(Source records)

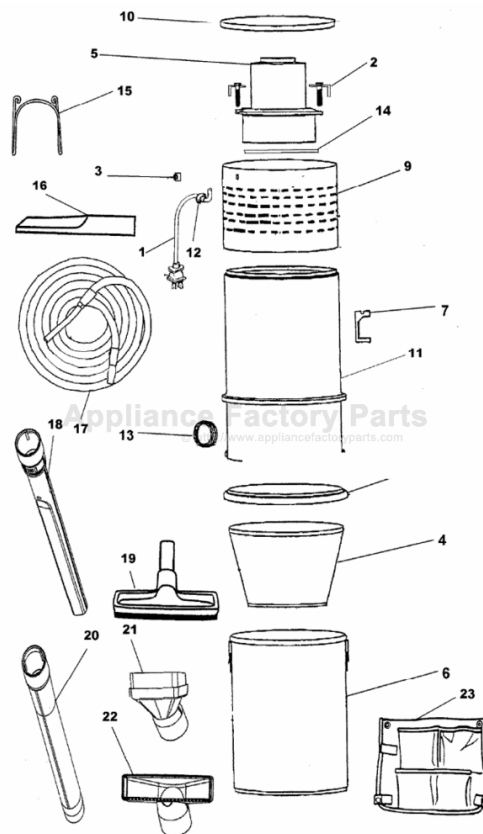

This Owner's Manual is provided and hosted by Appliance Factory Parts.

HOOVER L2310 Owner's Manual

[Shop genuine replacement parts for HOOVER L2310](#)

[Find Your HOOVER Vacuum Cleaner Parts - Select From 1456 Models](#)

----- Manual continues below -----

Model Number: L2310---

BOM/Serial #: L2310---

Graphic Title: COMPLETE MAIN ASSEMBLY & HOSE

Image	Key	Part Number	Description	Substitution	Qty.
1	1	59644014	CORD ASSEM		1
1	2	59644007	MOTOR BRACKET		2
1	3	28161067	SWITCH-WT-.025 TERM		1
1	4	59644002	FILTER		1
1	5	43576224	MOTOR-GUV		1
1	6	59644008	SM BOTTOM ASSM		1
1	7	59132022	WALL BRACKET-CVS		1
1	8	59132023	GASKET-11.5 IN.-CANAVAC		1
1	9	59644012	SHROUD ASSEM		1
1	10	59644009	COVER		1
1	11	59644010	BODY ASSEM		1
1	12	27482231	STRAIN RELIEF		1
1	13	59132039	CAN-INTAKE GRMT-CVS		1
1	14	59644016	SMALL GASKET		1
1	15	33188001	WIRE FRAME-CVS TOOL		1
1	16	38617032	CREVICE TOOL-ABR		1
1	17	59644019	HOSE ASSM. 30FT		1
1	18	38617031	CREVICE TOOL BRMBLY-H		1
1	19	43414196	HARD FLOOR BRUSH		1
1	20	38634078	EXTENSION TUBE-AG		2
1	21	43414195	DUSTING BRUSH ASSEMBLY-AGR		1
1	22	38614044	FURNITURE NOZZLE-AGR		1
1	23	59644021	TOOL CADDY		1
1	24	59644022	TOC ASSM		1
1	24	59644011	UTIL VALVE/RETAINER RING		1
1	24	59644017	BAFFLE & FOAM ASSEMBLY		1
1	24	59644018	SCREW PACK		1
1	24	59644001	OWNER MANUAL		1
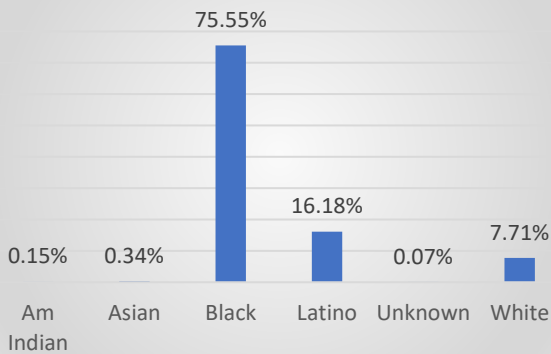

Sheriff's Daily Report

6/17/2021

Under the Custody of the Sheriff	
Total Male and Female	9,297
Jail Population	5,843
Community Corrections	3,454

Jail Population - Behind the Walls

Behind the Walls: Detainees that are physically housed under the Sheriff's custody 24 hours a day/7 days a week. This includes all populations listed on this chart - Divisional populations male & female, Outside Counties, Hospital, PRC, Women's Residential, & VRIC. Detainees in court-ordered treatment programs (PRC, Women's Residential, VRIC) are housed at CCDOC 24 hours a day/7 days week.

Sheriff's Daily Report

6/17/2021

CCSO Population Demographics

In Confinement

Gender Distribution

Race Distribution

Age Distribution

Community Corrections

Gender Distribution

Race Distribution

Age Distribution
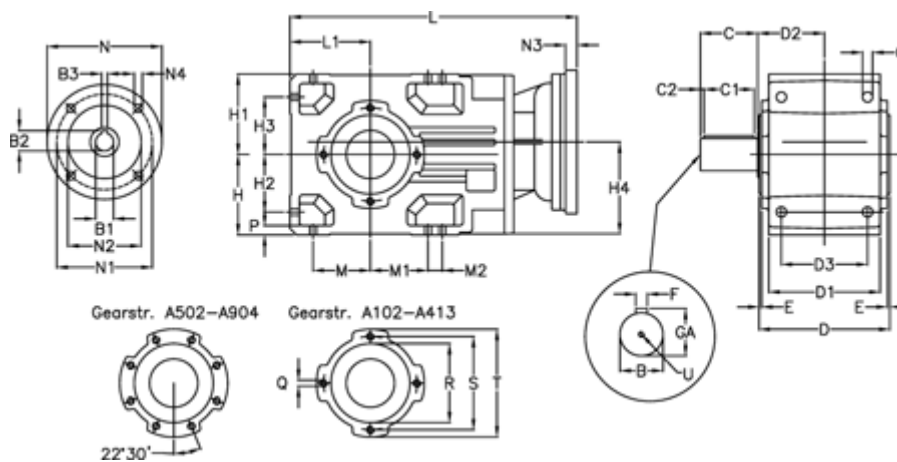

Article number: 29600104541220
 Description: Bevel helical gearbox
 A102UR-45,4-P63B5

Measures

B = 25	D1 = 95	H1 = 70	M2 = 0	Q = M8x12
B1 = 11	D2 = 63.0	H2 = 50	N = 140	R = 80
B2 = 12.8	D3 = 75	H3 = 50	N1 = 115	S = 100
B3 = 4	Description = A102UR-xx-P63 B5	H4 = 83.0	N2 = 95	T = 120
C = 45	E = 3.0	L = 282.5	N3 = -	U = M8x19
C1 = 35	F = 8	L1 = 70	N4 = M8x19	
C2 = 5.0	GA = 28	M = 50	O = 9.5	
D = 117	H = 70	M1 = 50	P = 9	
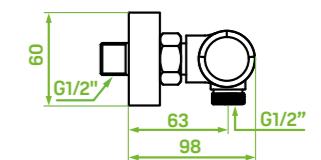

bidet mixer

upright, with plug

FINISH: CHROME
CODE: BAO_032D
EAN: 5907791146823

FINISH: BLACK
CODE: BAO_732D
EAN: 5907791146939

FINISH: GRAPHITE
CODE: BAO_932D
EAN: 5907791147042

material: brass

spout reach: 134 mm

ceramic cartridge: 25 mm

flow class: Z ≤ 9 l/min

included: click-clack plug, connecting hoses 40 cm, easy assembly system

shower mixer

wall-mounted, without shower set

FINISH: CHROME
CODE: BAO_040D
EAN: 5907791146830

FINISH: BLACK
CODE: BAO_740D
EAN: 5907791146946

FINISH: GRAPHITE
CODE: BAO_940D
EAN: 5907791147059

EASY
CLEANING
(CHROME)

material: brass

ceramic cartridge: 30 mm

flow class: B ≤ 25,2 l/min

included: mounting elements
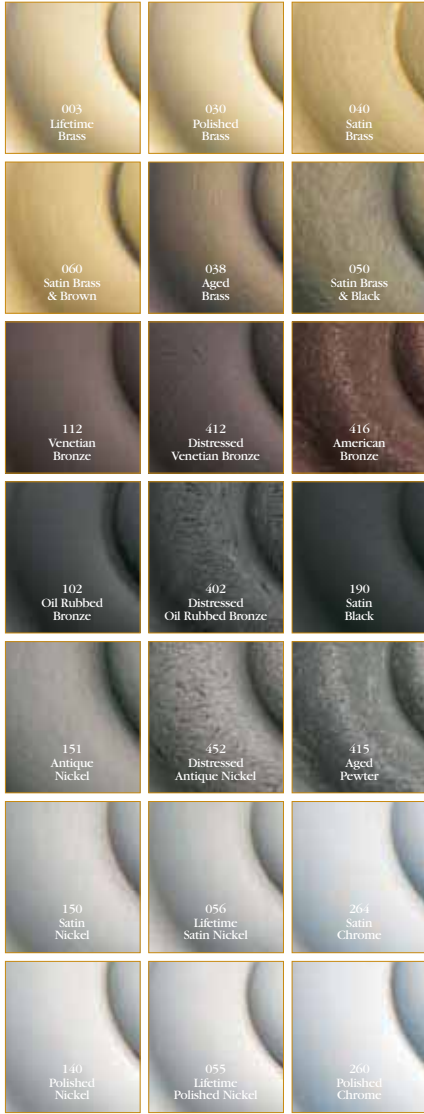

Solid Forged Brass hardware available in these finishes:

- > 100% solid brass
- > Baldwin quality and style
- > Available in all Estate finishes

Compatible with a full range of coordinating Estate collection interior and exterior home hardware—exciting new choices, Baldwin quality and style!
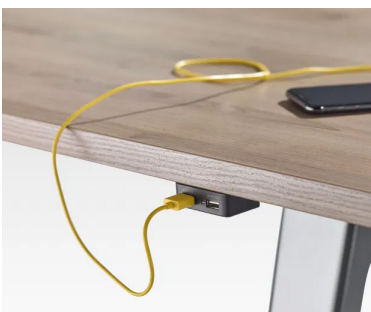

Kip

Dock-120

$177 list

Type Under surface	Ports 2	Includes 1 USB A 1 USB C
Application Community Tables	Cut-Out N/A	
Cord Length 120"	Colours (Part #) Black (V-ESMU-A)

Exercise prompt -
What you give back must match the entries exactly, apart from the omitted pictures.

Written response -
This Owner's Manual is provided and hosted by Appliance Factory Parts.

HOOVER L2310 Owner's Manual

[Shop genuine replacement parts for HOOVER L2310](#)

[Find Your HOOVER Vacuum Cleaner Parts - Select From 1456 Models](#)

----- Manual continues below -----

Model Number: L2310---

BOM/Serial #: L2310---

Graphic Title: COMPLETE MAIN ASSEMBLY & HOSE

Image	Key	Part Number	Description	Substitution	Qty.
1	1	59644014	CORD ASSEM		1
1	2	59644007	MOTOR BRACKET		2
1	3	28161067	SWITCH-WT-.025 TERM		1
1	4	59644002	FILTER		1
1	5	43576224	MOTOR-GUV		1
1	6	59644008	SM BOTTOM ASSM		1
1	7	59132022	WALL BRACKET-CVS		1
1	8	59132023	GASKET-11.5 IN.-CANAVAC		1
1	9	59644012	SHROUD ASSEM		1
1	10	59644009	COVER		1
1	11	59644010	BODY ASSEM		1
1	12	27482231	STRAIN RELIEF		1
1	13	59132039	CAN-INTAKE GRMT-CVS		1
1	14	59644016	SMALL GASKET		1
1	15	33188001	WIRE FRAME-CVS TOOL		1
1	16	38617032	CREVICE TOOL-ABR		1
1	17	59644019	HOSE ASSM. 30FT		1
1	18	38617031	CREVICE TOOL BRMBLY-H		1
1	19	43414196	HARD FLOOR BRUSH		1
1	20	38634078	EXTENSION TUBE-AG		2
1	21	43414195	DUSTING BRUSH ASSEMBLY-AGR		1
1	22	38614044	FURNITURE NOZZLE-AGR		1
1	23	59644021	TOOL CADDY		1
1	24	59644022	TOC ASSM		1
1	24	59644011	UTIL VALVE/RETAINER RING		1
1	24	59644017	BAFFLE & FOAM ASSEMBLY		1
1	24	59644018	SCREW PACK		1
1	24	59644001	OWNER MANUAL		1

Sheriff's Daily Report

6/17/2021

Under the Custody of the Sheriff	
Total Male and Female	9,297
Jail Population	5,843
Community Corrections	3,454

Jail Population - Behind the Walls

Behind the Walls: Detainees that are physically housed under the Sheriff's custody 24 hours a day/7 days a week. This includes all populations listed on this chart - Divisional populations male & female, Outside Counties, Hospital, PRC, Women's Residential, & VRIC. Detainees in court-ordered treatment programs (PRC, Women's Residential, VRIC) are housed at CCDOC 24 hours a day/7 days week.

Sheriff's Daily Report

6/17/2021

CCSO Population Demographics

In Confinement

Gender Distribution

Race Distribution

Age Distribution

Community Corrections

Gender Distribution

Race Distribution

Age Distribution

Article number: 29600104541220
 Description: Bevel helical gearbox
 A102UR-45,4-P63B5

Measures

B = 25	D1 = 95	H1 = 70	M2 = 0	Q = M8x12
B1 = 11	D2 = 63.0	H2 = 50	N = 140	R = 80
B2 = 12.8	D3 = 75	H3 = 50	N1 = 115	S = 100
B3 = 4	Description = A102UR-xx-P63 B5	H4 = 83.0	N2 = 95	T = 120
C = 45	E = 3.0	L = 282.5	N3 = -	U = M8x19
C1 = 35	F = 8	L1 = 70	N4 = M8x19	
C2 = 5.0	GA = 28	M = 50	O = 9.5	
D = 117	H = 70	M1 = 50	P = 9	

bidet mixer

upright, with plug

FINISH: CHROME
CODE: BAO_032D
EAN: 5907791146823

FINISH: BLACK
CODE: BAO_732D
EAN: 5907791146939

FINISH: GRAPHITE
CODE: BAO_932D
EAN: 5907791147042

material: brass

spout reach: 134 mm

ceramic cartridge: 25 mm

flow class: Z ≤ 9 l/min

included: click-clack plug, connecting hoses 40 cm, easy assembly system

shower mixer

wall-mounted, without shower set

FINISH: CHROME
CODE: BAO_040D
EAN: 5907791146830

FINISH: BLACK
CODE: BAO_740D
EAN: 5907791146946

FINISH: GRAPHITE
CODE: BAO_940D
EAN: 5907791147059

EASY
CLEANING
(CHROME)

material: brass

ceramic cartridge: 30 mm

flow class: B ≤ 25,2 l/min

included: mounting elements

Solid Forged Brass hardware available in these finishes:

- > 100% solid brass
- > Baldwin quality and style
- > Available in all Estate finishes

Compatible with a full range of coordinating Estate collection interior and exterior home hardware—exciting new choices, Baldwin quality and style!

Kip

Dock-120

$177 list

Type Under surface	Ports 2	Includes 1 USB A 1 USB C
Application Community Tables	Cut-Out N/A	
Cord Length 120"	Colours (Part #) Black (V-ESMU-A)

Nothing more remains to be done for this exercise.